The metro network will include several stations connected by bidirectional tunnels. There must be a path through these tunnels between any two stations (possibly passing through other stations), and the number of tunnels should be minimized. Under these conditions, there will be a unique path between any two stations.
Passengers will pay a fee to enter the metro at a specific station. This fee varies by station and is determined by the maximum number of tunnels a passenger must travel through to reach any other station from a given station X. This fee is measured in hryvnias.

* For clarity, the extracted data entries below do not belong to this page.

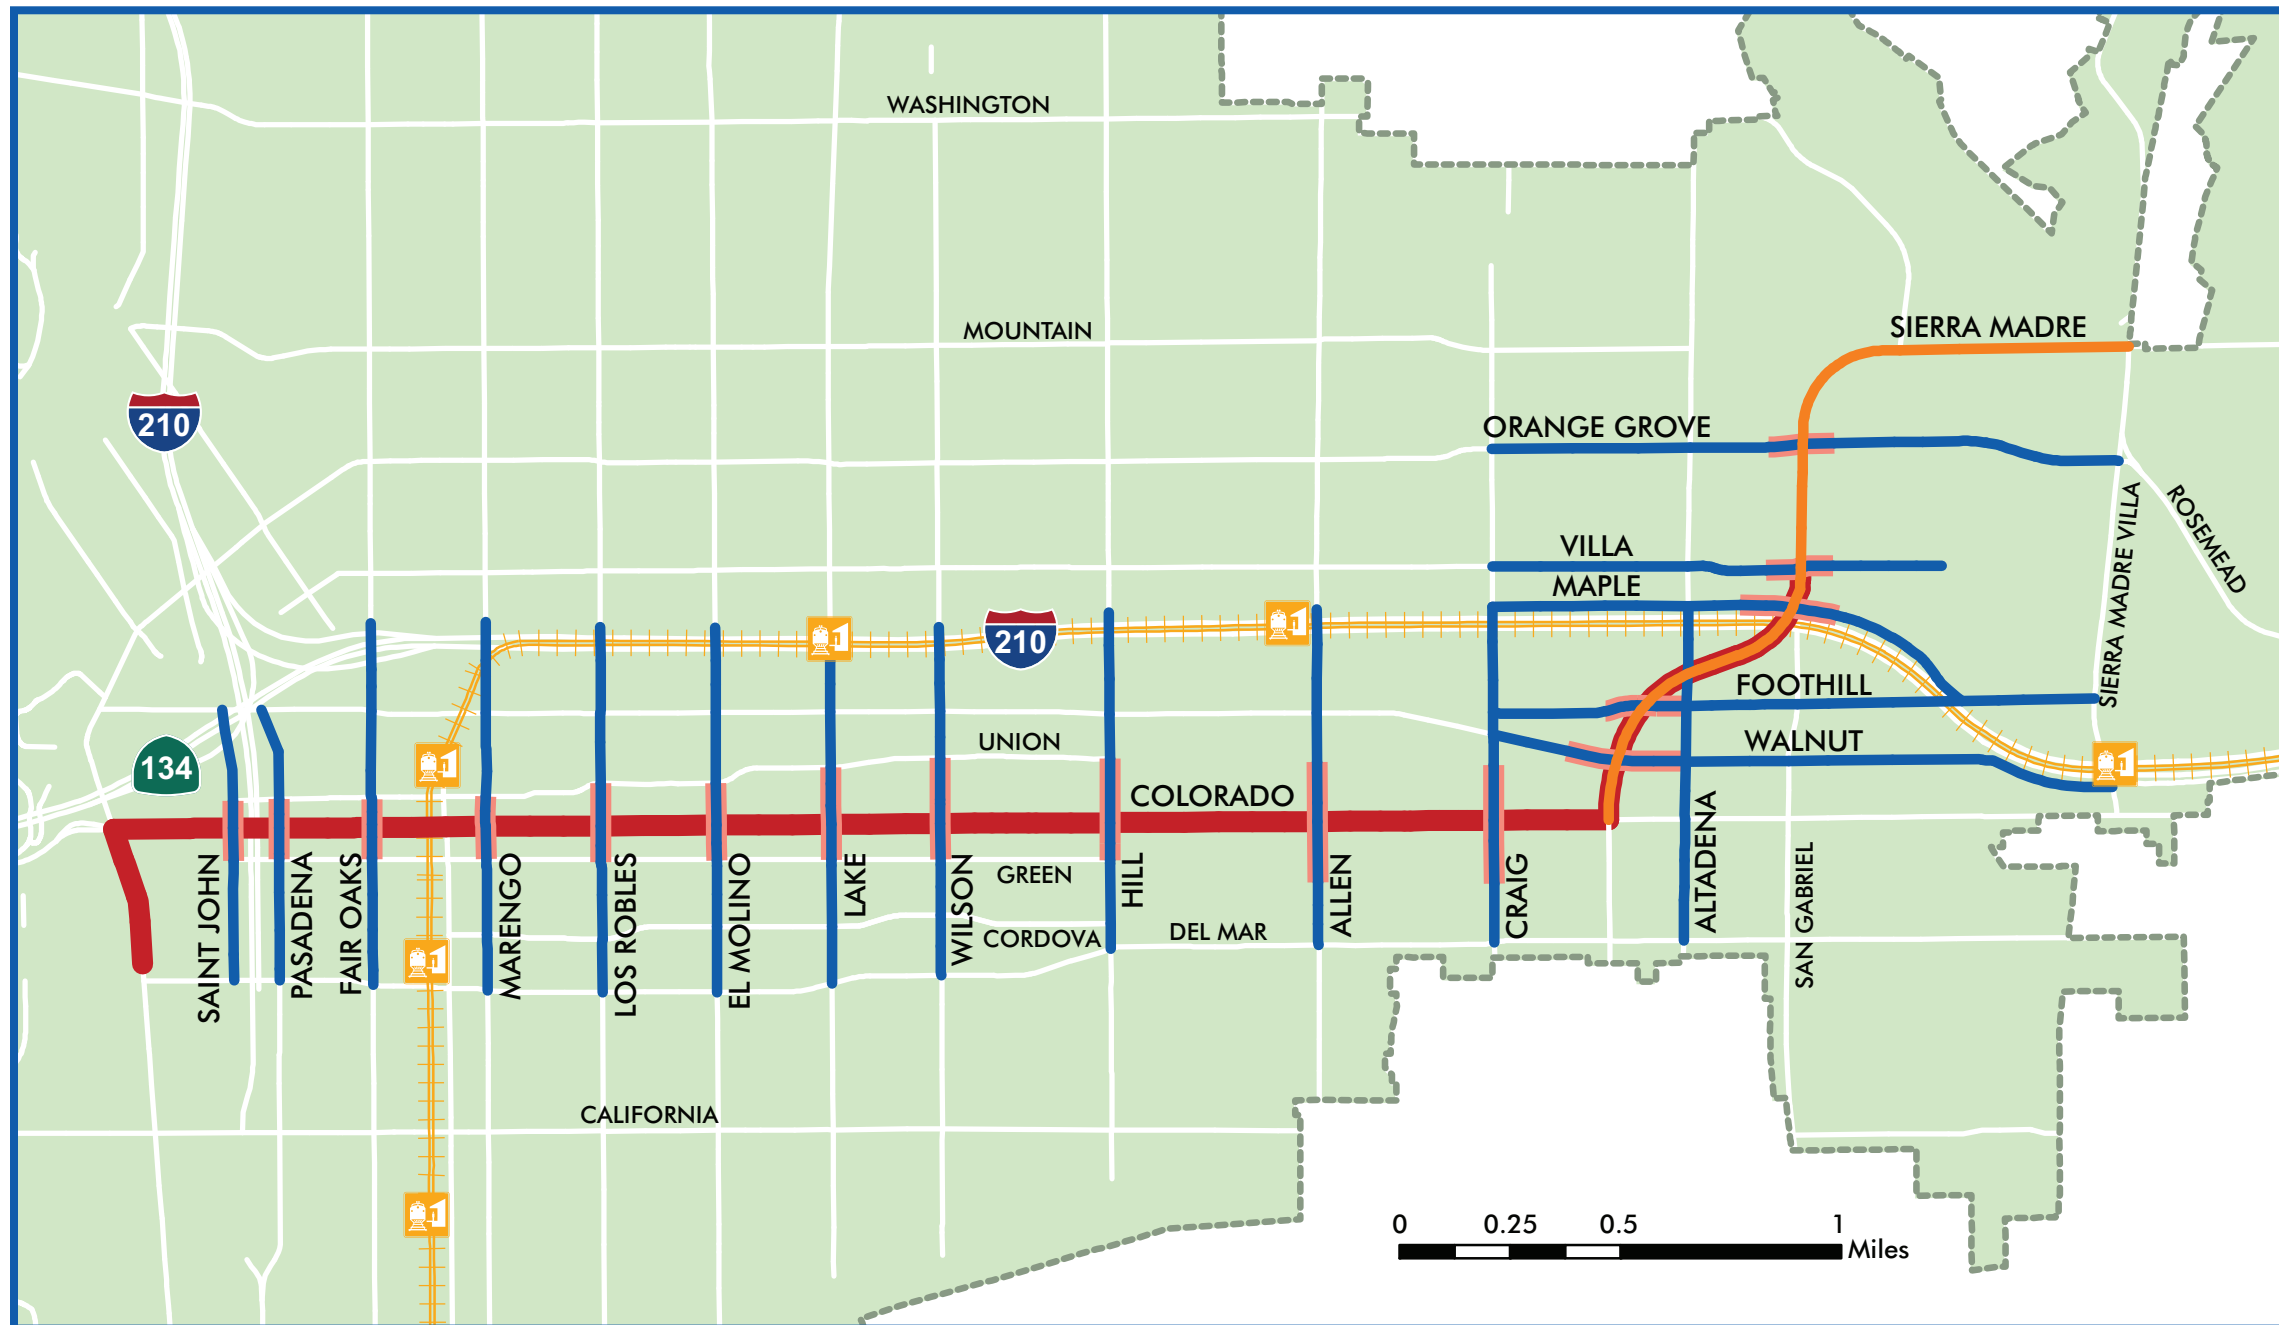

NEW YEAR'S 2018 PARADE ROUTE CLOSURES • DECEMBER 31, 2017 - JANUARY 1, 2018

New Route Closures Along Parade Route! Colorado Boulevard will close earlier than in prior years for the staging of the January 1, 2018 Tournament of Roses Parade. Colorado Blvd. will close beginning at 10:00 pm on Sunday, December 31, 2017 and will remain closed through the conclusion of the staging and clean-up following the parade. The parade route will re-open by 2:00 pm on Monday, January 1, 2018.

Road Closure Hours / Map Key

- █ Parade Route
- █ North/South Crossings
12/31 • 10 pm - 1/1 • 6 am - All Traffic
- █ 1/1 • 6 am - 2pm - Emergency Vehicles Only
- █ Sierra Madre Blvd.
 - > Southbound closed
 - > Northbound travel maintained
12/31 • 10 pm - 1/1 • 8 am
- Gold Line Station
- Freeways

To report suspicious or concerning activity, call Pasadena Police Department at (626) 744-4241. For Emergency Services, please dial 9-1-1.

Simplified Detour Information:

To expedite travel in or thru the downtown, please use Walnut St. or the 210 fwy. for east/west travel north of Colorado Blvd., use Del Mar Blvd. or Cordova St. for east/west travel south of Colorado Blvd., and the crossings noted on the map for north/south travel from 10 pm on 12/31 – 6 am on 1/1.

Merchant Notification:

If you plan to host an event, viewing party, or anticipate vendor deliveries, and your property's access is via Colorado Blvd., please let your guests and vendors know that they must arrive prior to 10:00 pm or park in areas without restricted parking and walk in.

Additionally, the mayor has specific numerical preferences. He loves certain numbers A[1], ..., A[N] and hates others B[1], ..., B[M]. The metro cannot be constructed unless all of his favorite numbers appear among the entry costs at the stations, and none of the numbers he hates are present.
Task
Write a program that, given the mayor's numerical preferences, determines the minimum number of stations needed for the metro, or concludes that constructing such a network is impossible.
Input
The first line contains two integers N and M — the count of numbers the mayor loves and hates, respectively. The second line lists N integers, separated by spaces — the numbers the mayor loves. The third line lists M integers in the same format — the numbers the mayor hates.
Output
Output a single line with the minimum number of stations required for the metro. If it is impossible to construct a network meeting the requirements, output -1.
Evaluation
The test set is divided into two blocks with the following conditions:
For 50% of the points:
1 ≤ N, M, A[i], B[i] ≤ 2000.For the remaining 50% of the points:
1 ≤ N, M, A[i], B[i] ≤ 100000.